WORK TO COMPLETE: In the data below, find each line containing the string "débit" and return it.

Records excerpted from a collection
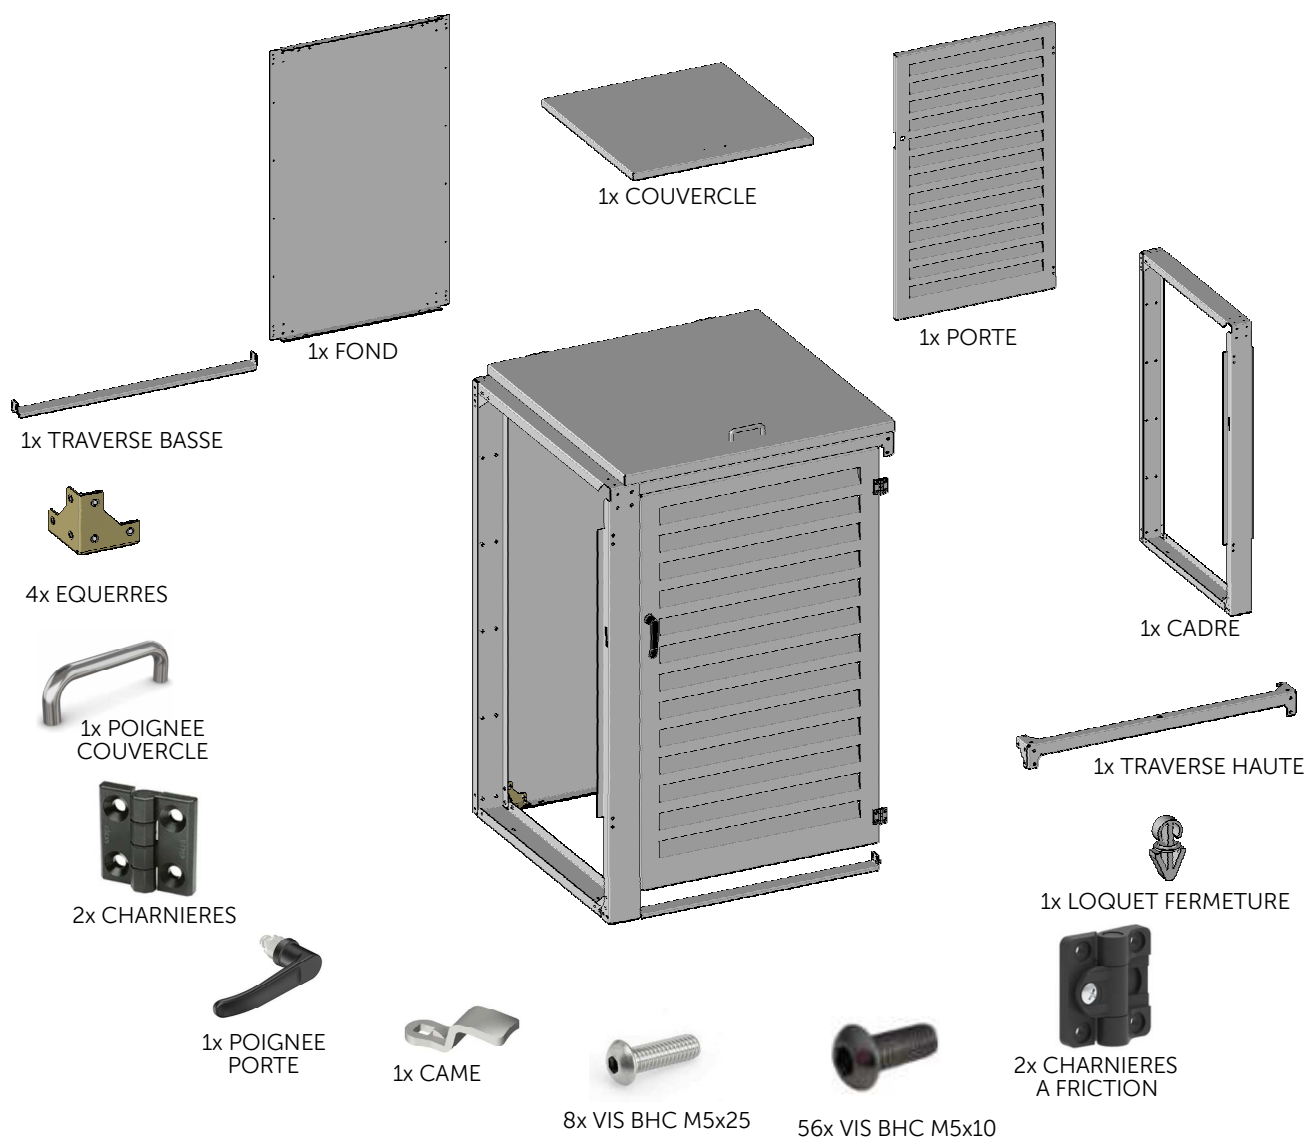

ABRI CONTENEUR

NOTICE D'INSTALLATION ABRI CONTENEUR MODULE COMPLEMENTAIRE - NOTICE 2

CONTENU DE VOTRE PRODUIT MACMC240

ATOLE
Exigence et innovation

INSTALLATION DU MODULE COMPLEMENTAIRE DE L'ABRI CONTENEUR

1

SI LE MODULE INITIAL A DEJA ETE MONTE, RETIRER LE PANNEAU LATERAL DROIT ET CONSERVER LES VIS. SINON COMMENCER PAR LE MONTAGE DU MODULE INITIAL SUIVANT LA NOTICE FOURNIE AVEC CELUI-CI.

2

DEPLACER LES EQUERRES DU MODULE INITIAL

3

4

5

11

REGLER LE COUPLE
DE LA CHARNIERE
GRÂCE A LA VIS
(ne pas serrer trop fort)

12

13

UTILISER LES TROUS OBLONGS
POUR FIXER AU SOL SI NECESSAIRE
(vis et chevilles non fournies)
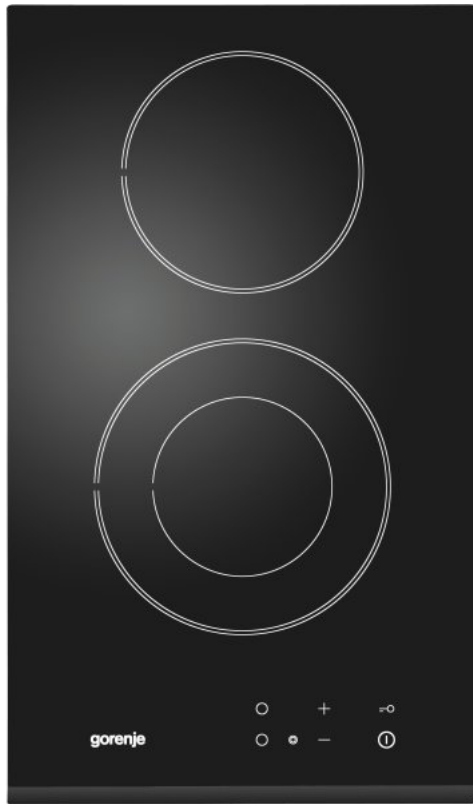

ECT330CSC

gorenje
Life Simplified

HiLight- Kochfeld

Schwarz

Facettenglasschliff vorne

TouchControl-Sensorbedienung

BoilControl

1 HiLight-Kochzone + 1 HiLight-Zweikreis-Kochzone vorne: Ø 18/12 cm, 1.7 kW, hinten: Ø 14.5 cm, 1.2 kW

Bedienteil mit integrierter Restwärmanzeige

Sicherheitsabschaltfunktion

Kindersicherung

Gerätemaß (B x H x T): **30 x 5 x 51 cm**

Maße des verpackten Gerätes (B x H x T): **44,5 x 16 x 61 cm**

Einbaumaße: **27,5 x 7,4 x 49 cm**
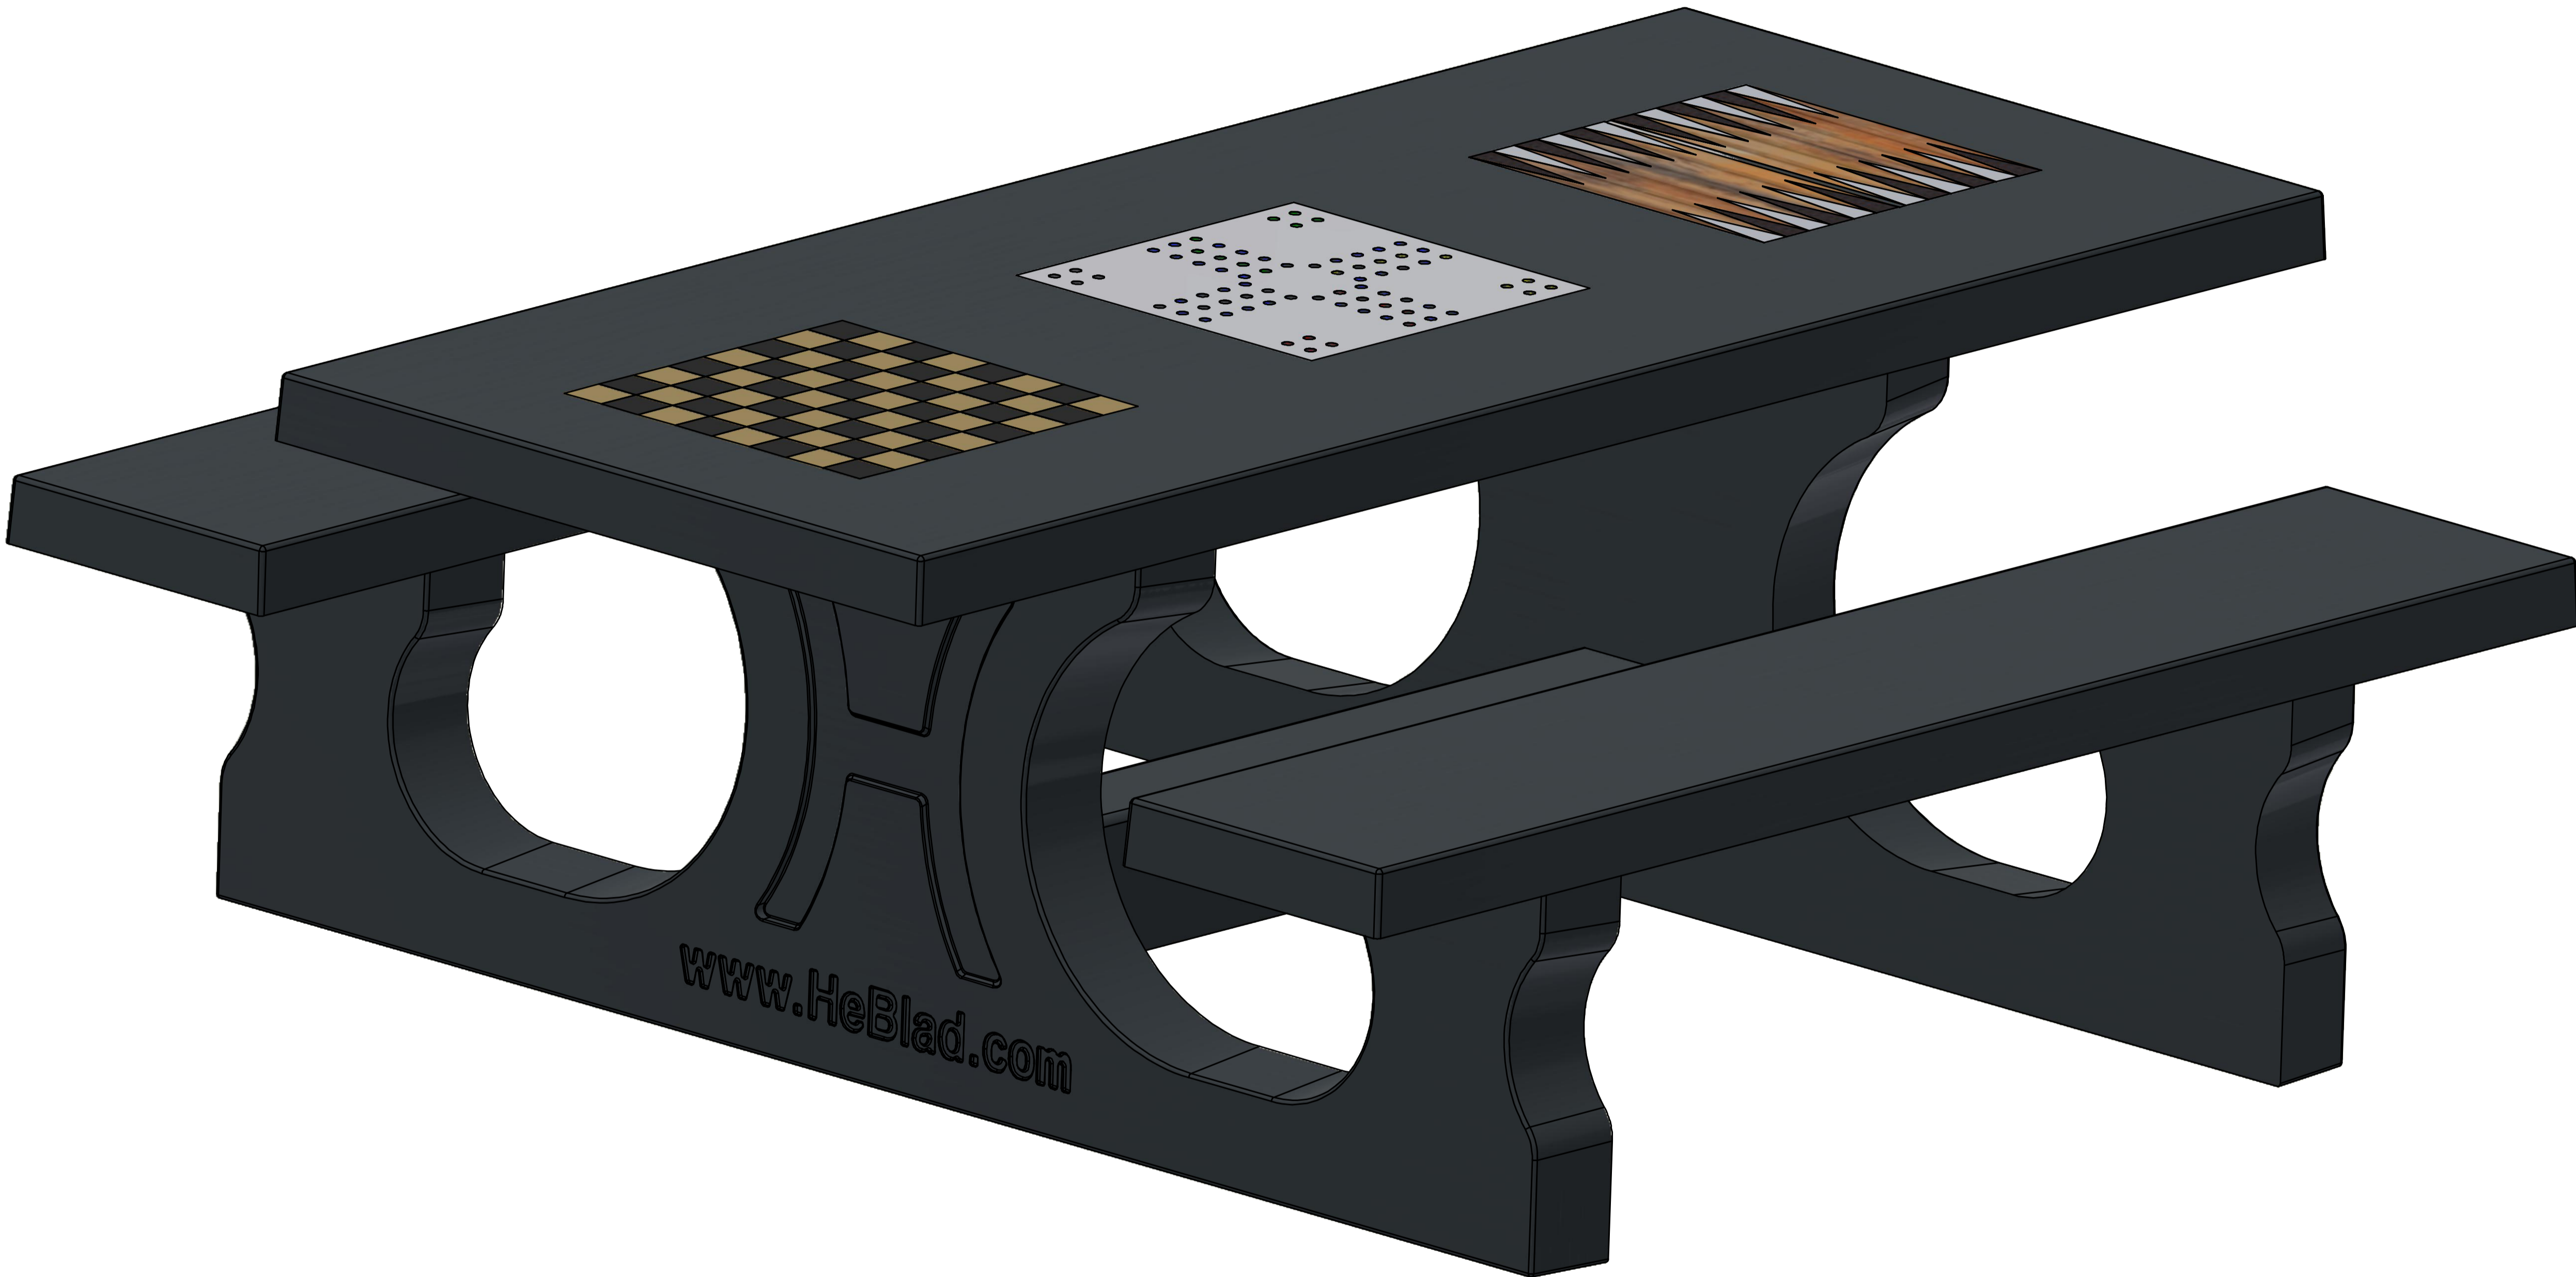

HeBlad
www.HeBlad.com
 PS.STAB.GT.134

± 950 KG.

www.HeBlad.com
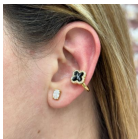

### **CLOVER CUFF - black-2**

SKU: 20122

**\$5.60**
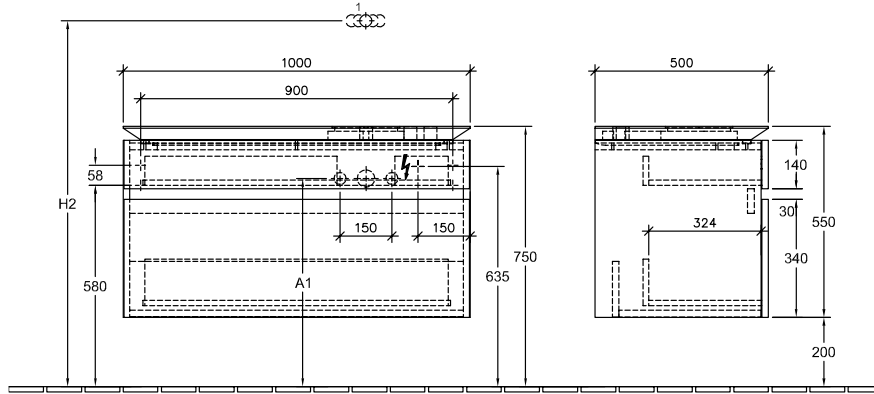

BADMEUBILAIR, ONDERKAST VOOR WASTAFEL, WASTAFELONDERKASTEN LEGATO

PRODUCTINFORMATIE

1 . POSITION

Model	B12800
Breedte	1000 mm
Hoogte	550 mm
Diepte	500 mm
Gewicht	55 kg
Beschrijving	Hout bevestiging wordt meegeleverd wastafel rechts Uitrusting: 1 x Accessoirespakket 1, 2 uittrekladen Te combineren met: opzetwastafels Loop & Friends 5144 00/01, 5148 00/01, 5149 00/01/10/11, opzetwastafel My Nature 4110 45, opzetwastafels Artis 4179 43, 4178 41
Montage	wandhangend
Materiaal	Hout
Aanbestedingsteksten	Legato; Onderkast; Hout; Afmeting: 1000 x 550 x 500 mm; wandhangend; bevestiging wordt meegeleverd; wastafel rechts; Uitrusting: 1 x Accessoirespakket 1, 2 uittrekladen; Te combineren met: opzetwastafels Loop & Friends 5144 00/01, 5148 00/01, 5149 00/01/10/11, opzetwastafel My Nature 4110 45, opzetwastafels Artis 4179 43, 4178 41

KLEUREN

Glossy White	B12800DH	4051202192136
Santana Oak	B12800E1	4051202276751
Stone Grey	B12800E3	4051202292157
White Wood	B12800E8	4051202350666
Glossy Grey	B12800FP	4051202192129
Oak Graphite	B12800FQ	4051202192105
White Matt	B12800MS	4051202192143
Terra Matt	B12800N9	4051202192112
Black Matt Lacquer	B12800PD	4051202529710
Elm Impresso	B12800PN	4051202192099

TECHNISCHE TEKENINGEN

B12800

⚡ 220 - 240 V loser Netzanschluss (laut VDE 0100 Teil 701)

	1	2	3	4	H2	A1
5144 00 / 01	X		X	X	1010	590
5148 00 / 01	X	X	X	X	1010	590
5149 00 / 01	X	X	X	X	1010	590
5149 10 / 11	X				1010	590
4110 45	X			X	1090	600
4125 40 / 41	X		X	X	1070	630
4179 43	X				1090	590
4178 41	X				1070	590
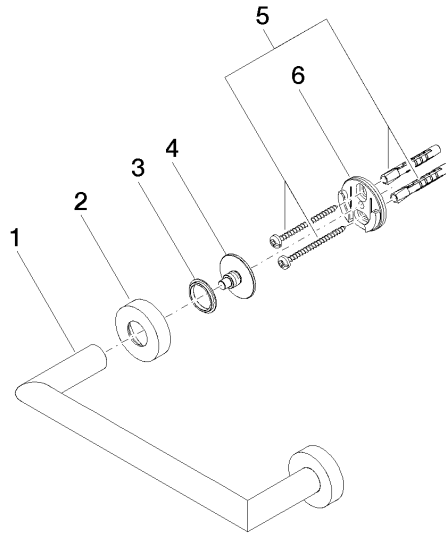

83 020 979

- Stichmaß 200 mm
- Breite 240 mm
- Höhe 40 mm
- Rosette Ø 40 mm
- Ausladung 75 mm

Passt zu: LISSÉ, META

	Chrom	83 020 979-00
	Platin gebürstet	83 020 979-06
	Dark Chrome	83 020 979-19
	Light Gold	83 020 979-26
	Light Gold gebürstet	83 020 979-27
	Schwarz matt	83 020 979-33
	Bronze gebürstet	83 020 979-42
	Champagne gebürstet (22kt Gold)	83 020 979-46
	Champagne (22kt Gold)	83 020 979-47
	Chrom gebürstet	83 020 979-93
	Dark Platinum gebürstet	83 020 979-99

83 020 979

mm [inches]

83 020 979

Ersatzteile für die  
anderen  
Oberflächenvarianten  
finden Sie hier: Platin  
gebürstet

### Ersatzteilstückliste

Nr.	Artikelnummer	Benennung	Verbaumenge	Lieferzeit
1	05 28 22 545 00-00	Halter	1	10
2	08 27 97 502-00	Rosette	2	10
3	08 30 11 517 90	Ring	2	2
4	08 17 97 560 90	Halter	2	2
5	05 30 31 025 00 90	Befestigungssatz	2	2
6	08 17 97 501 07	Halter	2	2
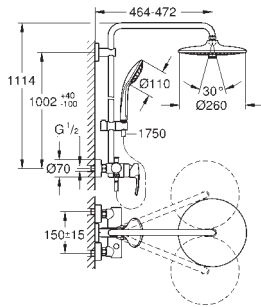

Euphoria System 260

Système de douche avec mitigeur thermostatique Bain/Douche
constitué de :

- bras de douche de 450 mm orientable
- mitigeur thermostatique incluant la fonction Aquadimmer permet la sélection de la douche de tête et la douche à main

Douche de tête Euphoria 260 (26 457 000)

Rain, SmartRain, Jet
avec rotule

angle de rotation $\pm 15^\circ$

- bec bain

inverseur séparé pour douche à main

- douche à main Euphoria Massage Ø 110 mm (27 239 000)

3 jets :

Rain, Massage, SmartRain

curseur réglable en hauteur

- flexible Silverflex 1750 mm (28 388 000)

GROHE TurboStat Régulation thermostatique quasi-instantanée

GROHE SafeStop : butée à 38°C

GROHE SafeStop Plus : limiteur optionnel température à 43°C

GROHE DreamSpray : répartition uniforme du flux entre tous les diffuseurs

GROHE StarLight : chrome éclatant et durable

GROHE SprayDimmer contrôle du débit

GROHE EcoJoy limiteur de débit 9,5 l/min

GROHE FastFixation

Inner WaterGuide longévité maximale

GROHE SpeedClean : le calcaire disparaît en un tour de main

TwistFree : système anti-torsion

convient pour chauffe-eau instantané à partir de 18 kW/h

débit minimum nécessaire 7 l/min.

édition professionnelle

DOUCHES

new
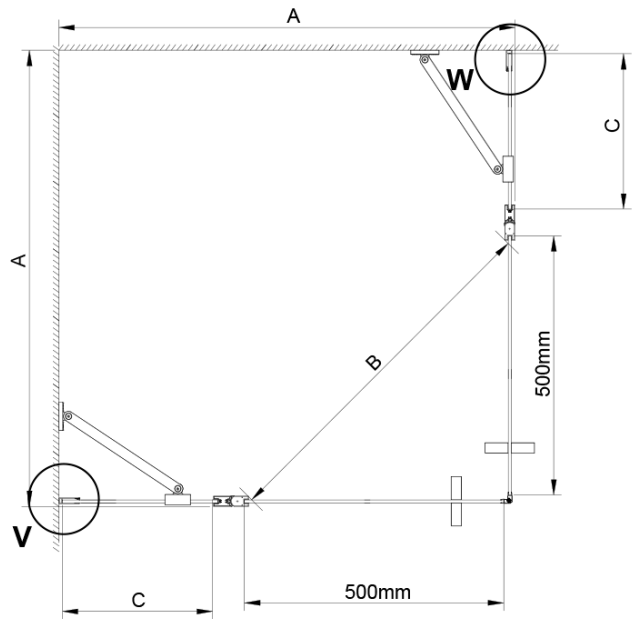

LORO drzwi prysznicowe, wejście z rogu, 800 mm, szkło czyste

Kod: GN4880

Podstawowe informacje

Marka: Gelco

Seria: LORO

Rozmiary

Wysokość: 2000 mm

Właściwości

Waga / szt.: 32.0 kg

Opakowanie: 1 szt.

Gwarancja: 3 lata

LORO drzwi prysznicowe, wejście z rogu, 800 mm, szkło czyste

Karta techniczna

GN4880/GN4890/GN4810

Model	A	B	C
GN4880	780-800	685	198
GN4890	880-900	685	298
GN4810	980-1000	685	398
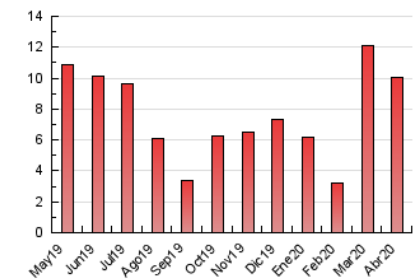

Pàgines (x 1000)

THE COMPLETED TASK:
GROHE SprayDimmer contrôle du débit
GROHE EcoJoy limiteur de débit 9,5 l/min
débit minimum nécessaire 7 l/min.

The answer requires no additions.